Información

Confesiones de un ladrón de jabón de hotel

Confesiones de un ladrón de jabón de hotel

Para algunos, el jabón de hotel es tan valioso como la experiencia del viaje en sí.

NO HE COMPRADO una pastilla de jabón en muchos años. No, no estoy sucio. Soy un levantador de jabón de hotel. Me gusta robar jabón de hotel.

Vengo de una familia de ladrones de jabón de hotel. Al crecer, mi padre me dejaba ocasionalmente acompañarlo en viajes de negocios, y disfruté colocando todos los jabones de hotel robados en la cama después de regresar a casa tanto como me gustaron los viajes en sí.

La mayoría de los buenos hoteles en estos días le ofrecen dos barras: una para el lavabo y otra para la ducha. De inmediato guardaré la barra de la ducha en mi equipaje y, si es un hotel que tiene un jabón realmente bueno, también podría esconder la otra barra que estoy usando antes de que venga la criada al día siguiente con la esperanza de conseguir dos barras frescas. .

Una vez, mientras buscaba un documento en mi maleta en el vestíbulo, una pila entera de jabones cayó de mi maleta y quedó a la vista del personal de recepción.

Pero espera, se pone peor.

También tomo jabón de los carritos de la limpieza de la casa si los dejan desatendidos, o si mis lindos niños pequeños crean una distracción suficiente como para que pueda sacar un poco de debajo de las narices de las sirvientas. He empleado muchas tácticas diferentes para robar jabón: la que más me gusta es deambular por el suelo con un cubo de hielo vacío, como si estuviera buscando hielo.

Pero en estos días, conseguir jabón extra de hotel se ha convertido en una tribulación. Algunos hoteles les dan a sus sirvientas estas pequeñas cosas tipo carrito de ducha para guardar su jabón y artículos de tocador, y traen estas molestas cosas de carrito con ellas a la habitación que están limpiando. Solo me he aventurado en las habitaciones de hotel de otras personas en busca de jabón en una circunstancia muy rara: la búsqueda de jabones de muy alta calidad y con un aroma hermoso.

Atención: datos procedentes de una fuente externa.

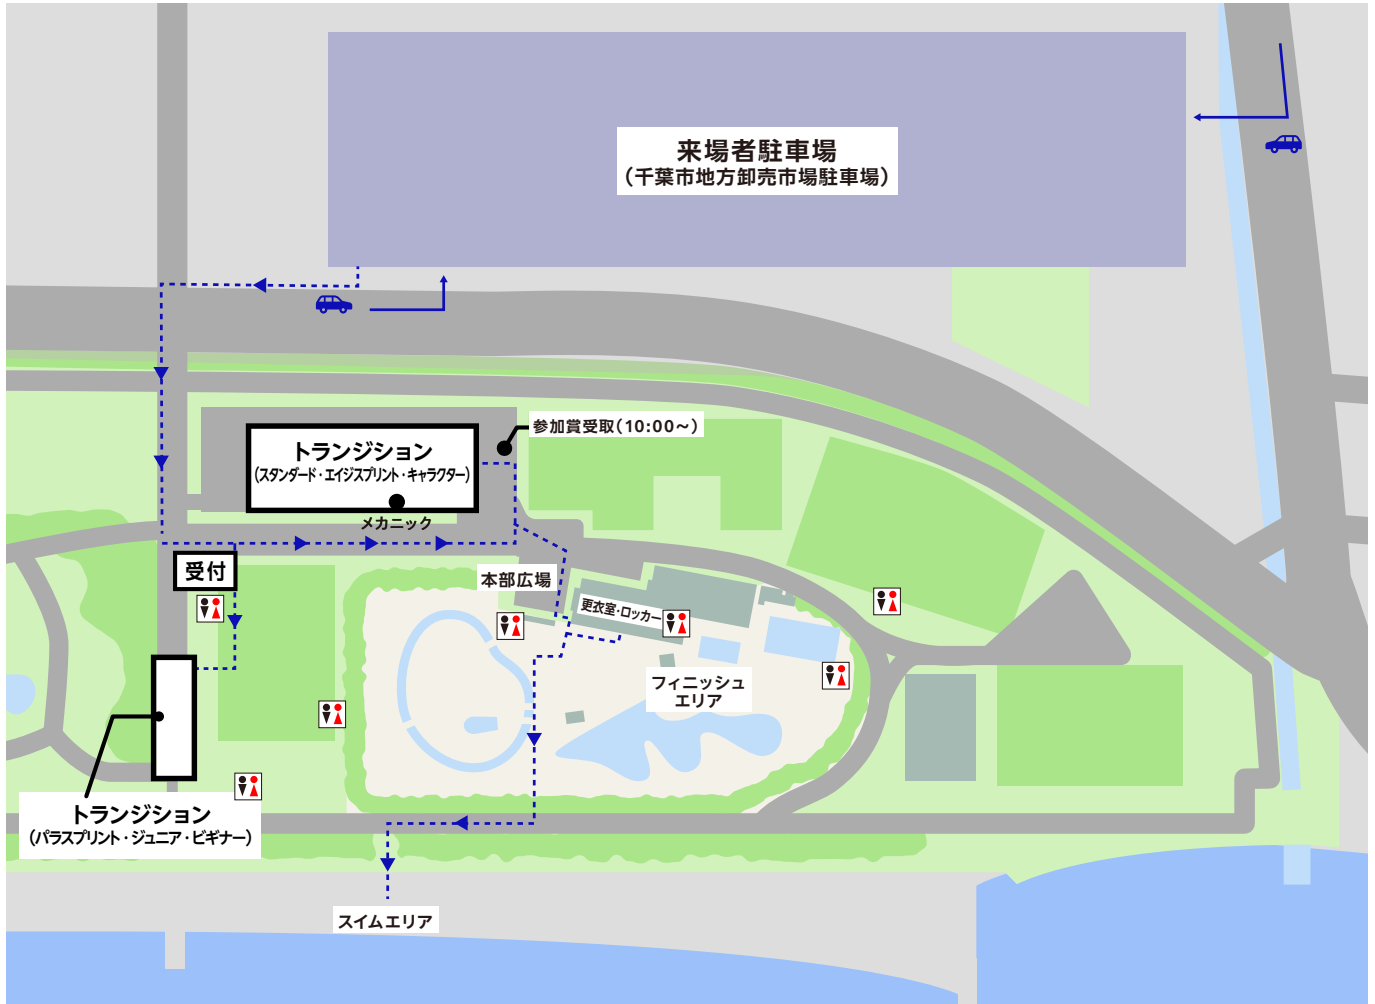

JR稲毛海岸駅発の高浜南団地または海浜公園入口行のバスは、交通規制中はひとつ手前の稲浜ショップが終点になります。徒歩約15分です。

駐車場と受付までのアクセス

- 千葉市地方卸売市場駐車場(無料・2200台)
- ※周辺の他の駐車場は利用しないでください。
 - ※近隣の路上駐車は、絶対にやめてください。

全体マップ

駐車場→選手受付→トランジションエリア→ロッカー(荷物預かり)→スイムエリアへ進みます
トランジションエリアは常時オープンしています。(ただし、競技中の選手が優先です)

Es posible que otras sirvientas no tengan los caddies, pero colocarán su carrito a propósito de tal manera que sea difícil llegar al jabón y otros artículos de tocador. Algunos incluso van tan lejos como para cubrir sus golosinas con toallas o periódicos para desanimar a los ladrones como yo.

Todos estos esfuerzos por acabar con los levantadores de jabón me dicen que no soy el único al que le gusta el jabón de hotel. Me gustan menos los champús, acondicionadores y lociones de hotel porque tienden a ser de menor calidad.

Pero una pastilla de jabón, cualquier jabón, puede ser útil.

Me sorprendieron en el acto de quitar el jabón de los carritos de las criadas y, una vez, mientras buscaba un documento en mi maleta en el vestíbulo, una pila entera de jabones se cayó de mi maleta y quedó a la vista del personal de recepción.

Nadie ha dicho nunca una palabra.

Ver el vídeo: Jabón De Marsella Hecho En Casa (Octubre 2020).